Indépendamment de ce que disent les sondages, une fois les tables fermées, 19 heures dans la majeure partie du pays et 20 heures dans les grandes villes, l'élection répète le mécontentement social du premier tour. Une société sceptique qui ne s'attend pas à une amélioration. Une mauvaise humeur présente au sein des démocraties occidentales, en particulier dans les secteurs les plus vulnérables. Et même si les sondages avancent le triomphe de Macron, l'extrême droite arrive à réduire les marges comme jamais auparavant.
Les opposants, malgré les chiffres qu'ils atteignent, seront confrontés à un autre défi : l'inadéquation entre les citoyens et la politique. Le taux de participation sera l'autre chiffre significatif pour ce dimanche. Une éventuelle abstention significative illustrera cette méfiance.
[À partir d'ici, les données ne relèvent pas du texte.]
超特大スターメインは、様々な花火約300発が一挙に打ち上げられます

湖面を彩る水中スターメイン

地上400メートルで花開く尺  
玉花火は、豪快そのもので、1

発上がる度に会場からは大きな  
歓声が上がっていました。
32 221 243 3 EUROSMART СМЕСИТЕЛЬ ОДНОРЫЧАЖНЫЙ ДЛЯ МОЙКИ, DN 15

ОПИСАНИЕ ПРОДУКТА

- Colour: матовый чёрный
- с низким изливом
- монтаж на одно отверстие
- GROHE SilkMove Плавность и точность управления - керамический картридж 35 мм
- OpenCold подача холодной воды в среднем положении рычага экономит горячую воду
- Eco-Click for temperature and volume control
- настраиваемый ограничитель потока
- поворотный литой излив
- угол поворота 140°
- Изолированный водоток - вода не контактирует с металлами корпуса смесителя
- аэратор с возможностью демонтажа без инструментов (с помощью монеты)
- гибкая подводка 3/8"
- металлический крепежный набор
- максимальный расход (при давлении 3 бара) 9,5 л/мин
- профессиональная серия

Quelle que soit la marge du vainqueur, l'élection n'accorde pas la volonté élargie de la société, mais d'une partie de celle-ci. Le président arrivera à l'Elysée avec plus de 60 % des électeurs ayant choisi de voter au premier tour pour d'autres candidats. Mais aussi avec un absentéisme pouvant atteindre 25 %. T odo constitue une base d'orphelins électoraux incapables de canaliser leurs aspirations dans le système actuel.
En termes continentaux, les résultats peuvent également être un cataclysme pour le projet européen commun. Une victoire de l'extrême droite, c'est-à-dire Le Pen, entraînerait la radicalisation politique, au moins après la Seconde Guerre mondiale, au pouvoir d'un pays berceau de démocraties libérales, nation fondatrice de l'Union européenne et acteur central des délibérations mondiales. Avec l'histoire du Brexit, une Allemagne sans Angela Merkel et une guerre sur son propre sol, un président ultranationaliste, ami d'autocrates comme Vladimir Poutine ou Viktor Orban, atteindrait l'un des principaux acteurs du développement communautaire.
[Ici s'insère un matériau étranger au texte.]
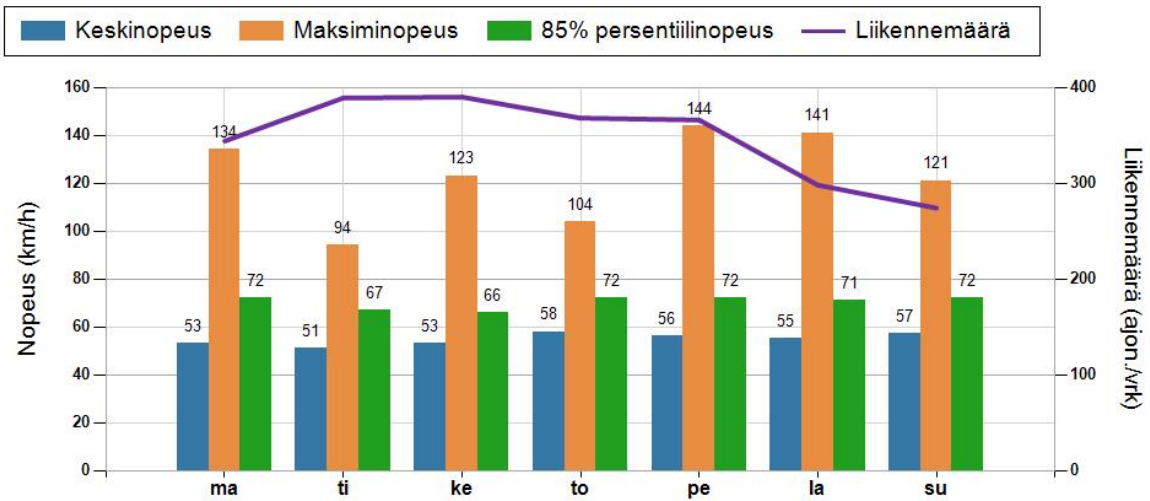

PÄIVÄKOHTAINEN KESKINOPEUS, 85% PERSENTILINOPEUS, MAKSIMINOPEUS JA LIIKENNEMÄÄRÄ (LASKENNALLINEN)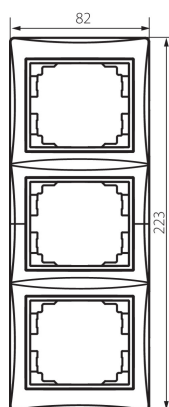

## 24945 DOMO 01-1530-041 gr

Vertikálny trojnásobný rámček

### VŠEOBECNÉ ÚDAJE:

**Farba:** grafit

**Šírka [mm]:** 81

**Výška [mm]:** 223

### TECHNICKÉ PARAMETRE:

**Materiál:** PC

**Plast:** PC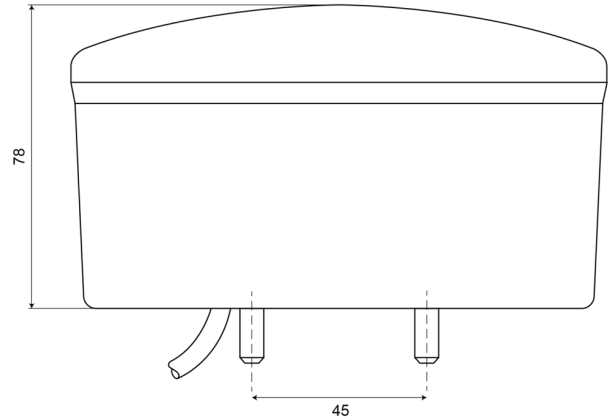

# LUCES DELANTERAS Y TRASERAS

FORE78-12V

Luz trasera antiniebla/reversa LED | izquierda+derecha | 12V

EAN: 5414184002227

## Especificaciones

A solicitar por	1	Espesor mm	78 mm
Certificación	ECE R38+R23	Fuente de luz	LED
Color	Rojo/blanco	Grado IP	IP66+IP68
Color de lente	Ámbar/blanco	Lado de montaje	Parte trasera - Izquierda y derecha
Con luz antiniebla trasera	Sí	Longitud del cable (m)	2 m
Con luz de marcha atrás	Sí	Material	PMMA/ABS
Conexión	Extremo de cable abierto	Montaje	Superficial
Diámetro mm	140 mm	Peso (kg)	0,465 Kg
EMC	EMC R10	Suministrado con	Tornillos de montaje
EMC R10	Sí	Tipo	Luces de marcha atrás con antiniebla
Especificaciones	También disponible en versión LOW (50 mm)	Voltaje de funcionamiento	12V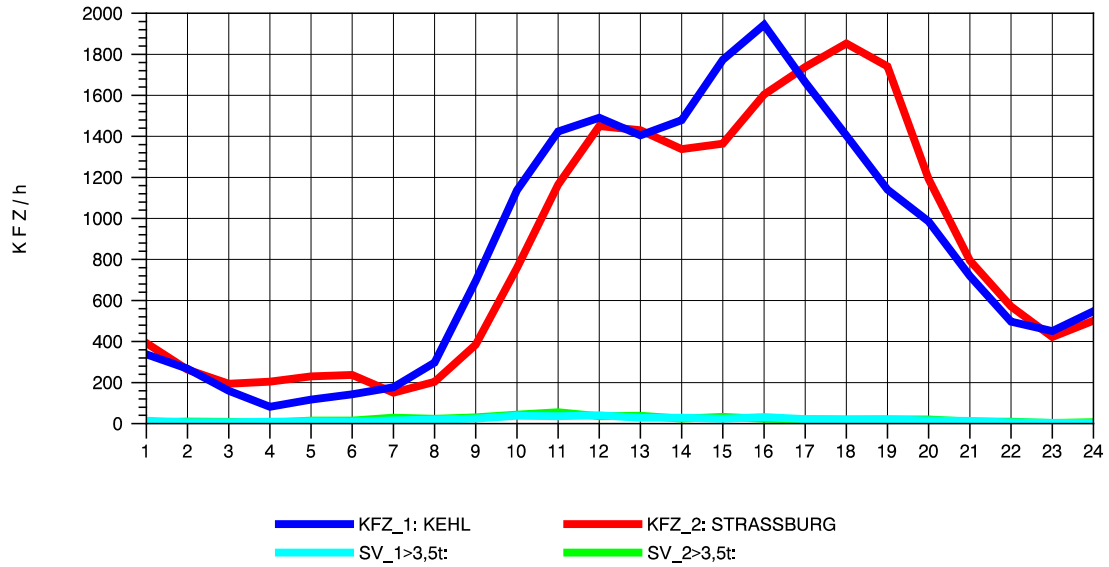

STRASSENVERKEHRSZÄHLUNGEN IN BADEN-WÜRTTEMBERG
KEHL-EUROPABRÜCKE 74121100 B 28
Samstag, 15. Oktober 2011

Le deuxième tour, et ensuite ?
Après les résultats des premiers résultats intermédiaires de ce soir, le gagnant sera connu, sauf si la différence est extrêmement faible.
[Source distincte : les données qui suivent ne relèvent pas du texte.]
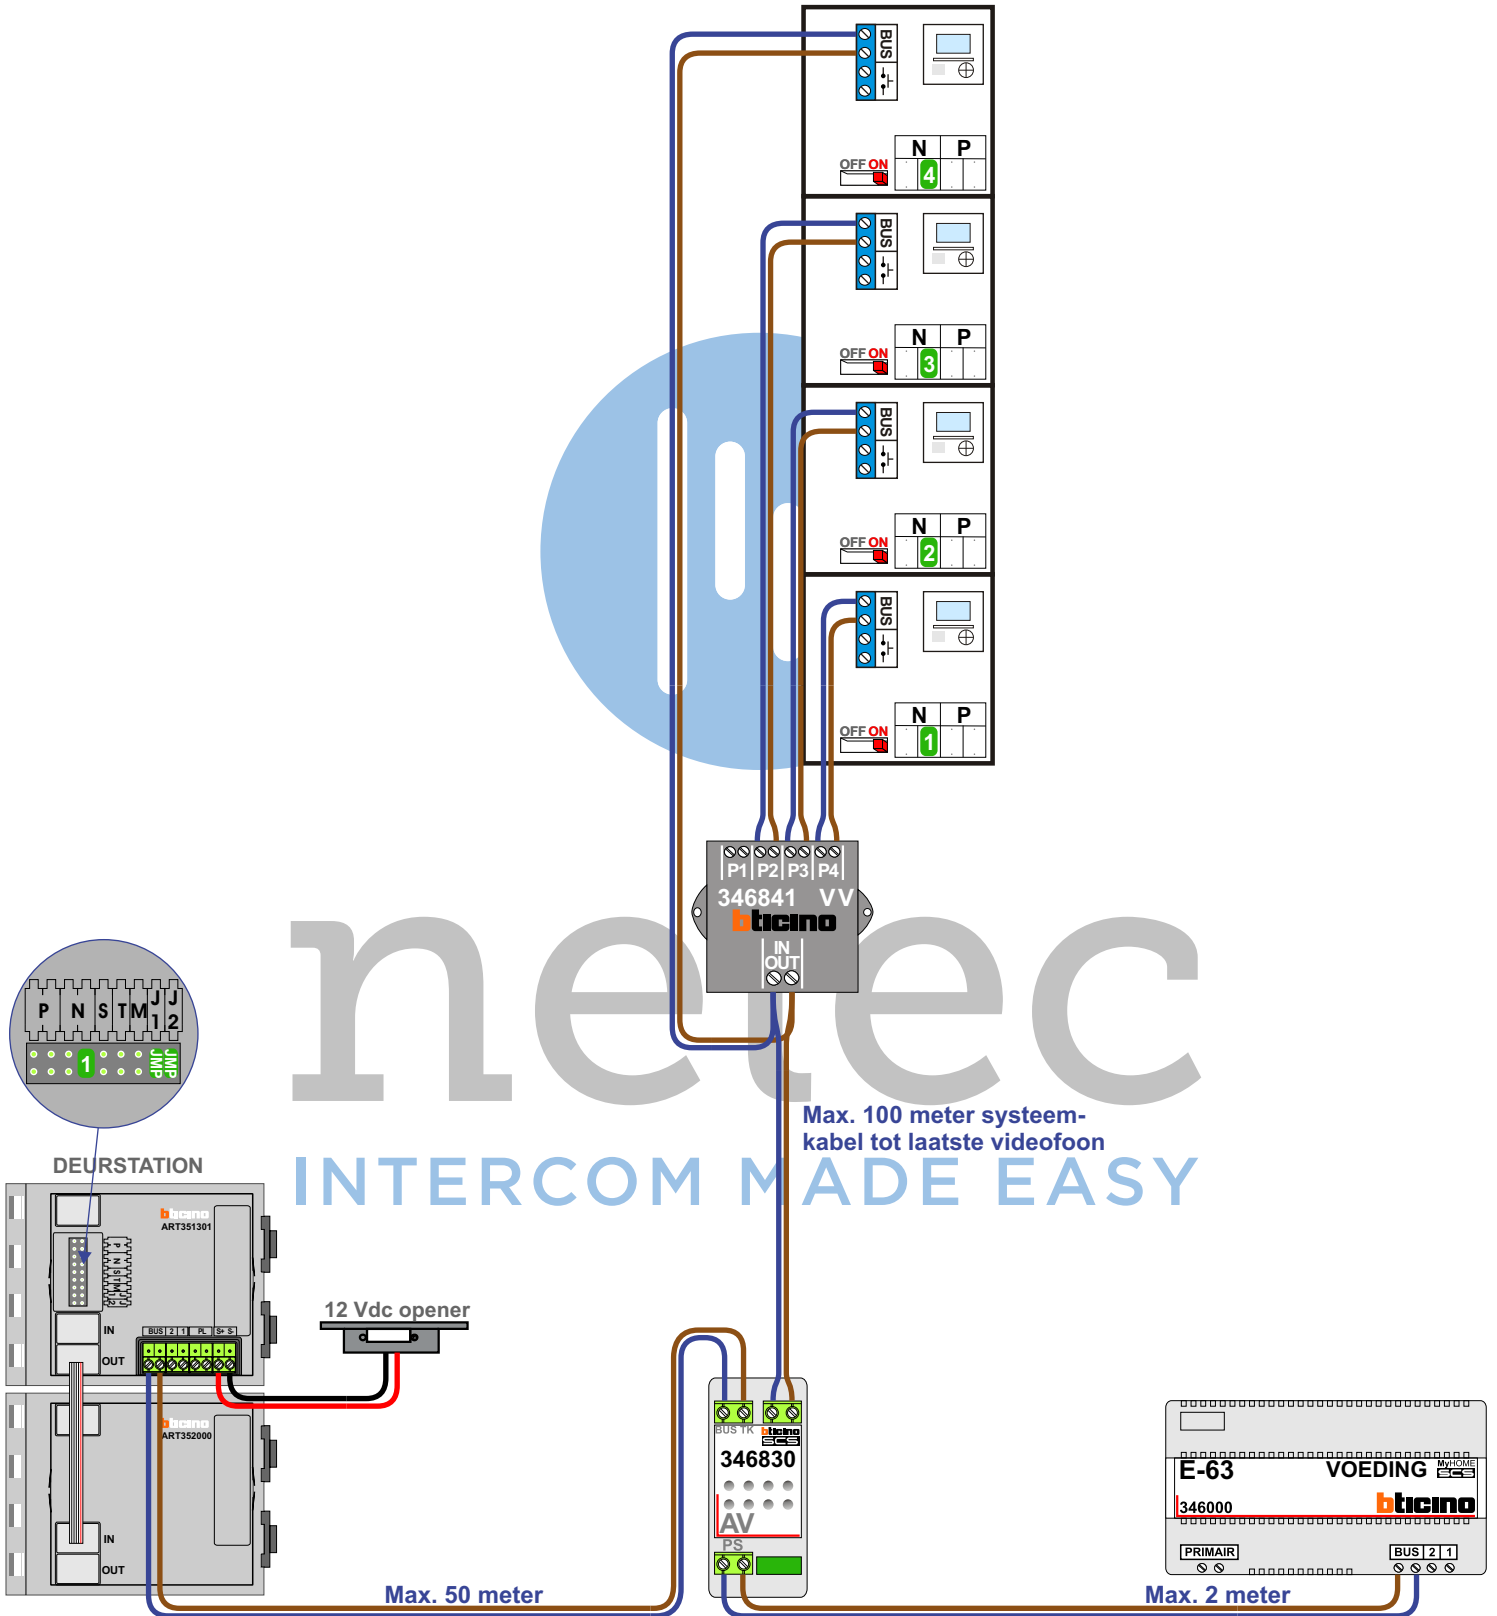

— = systeemkabel
 Bij andere getwiste kabel 66% afstand!
 Bij ongetwiste kabel max. 50 meter buitenpost naar videofoon.
 UTP op aanvraag.

M-40

De aders moeten echt **OP** de connector doorgelust worden!

nelec
INTERCOM MADE EASY

— — — = systeemkabel
 Bij andere getwiste kabel 66% afstand!
 Bij ongetwiste kabel max. 50 meter buitenpost naar videofoon.
 UTP op aanvraag.

M-40

 De aders moeten echt **OP** de connector doorgelust worden!

Le ministère de l'Intérieur communiquera les résultats finaux dans les prochaines heures, probablement le lundi 25 avril. Ils seront officialisés par le Conseil constitutionnel le mercredi 27 avril et publiés au Journal officiel le lendemain.
Ce soir, deux scénarios sont possibles. En cas de victoire de Marine Le Pen, le chef de l'État et son successeur doivent se mettre d'accord sur la date de la cérémonie d'investiture, qui doit avoir lieu avant le 13 mai. Il suit généralement un protocole bien établi : transfert de pouvoirs, remise du grand collier de l'Ordre, discours du président élu, honneurs militaires, parmi les plus remarquables.
Le nouveau locataire de l'Elysée pourra alors nommer « très rapidement » un Premier ministre, soit le même jour, soit le lendemain. Il sera chargé de former un gouvernement dès que possible.
En cas de réélection d'Emmanuel Macron, les formalités de possession sont considérablement réduites. L'actuel président, s'il est réélu, aura la possibilité de nommer son premier ministre sans même attendre la cérémonie ou la proclamation des résultats, mais il peut aussi décider d'attendre quelques jours.
Une fois le gouvernement formé, les transferts de pouvoir auront lieu dans les différents ministères. Sans surprise, il officiera ensuite jusqu'aux élections législatives, prévues les 12 et 19 juin, au terme desquelles il est probable qu'il y aura une nouvelle conformation politique au sein du gouvernement et du pays. Un autre défi.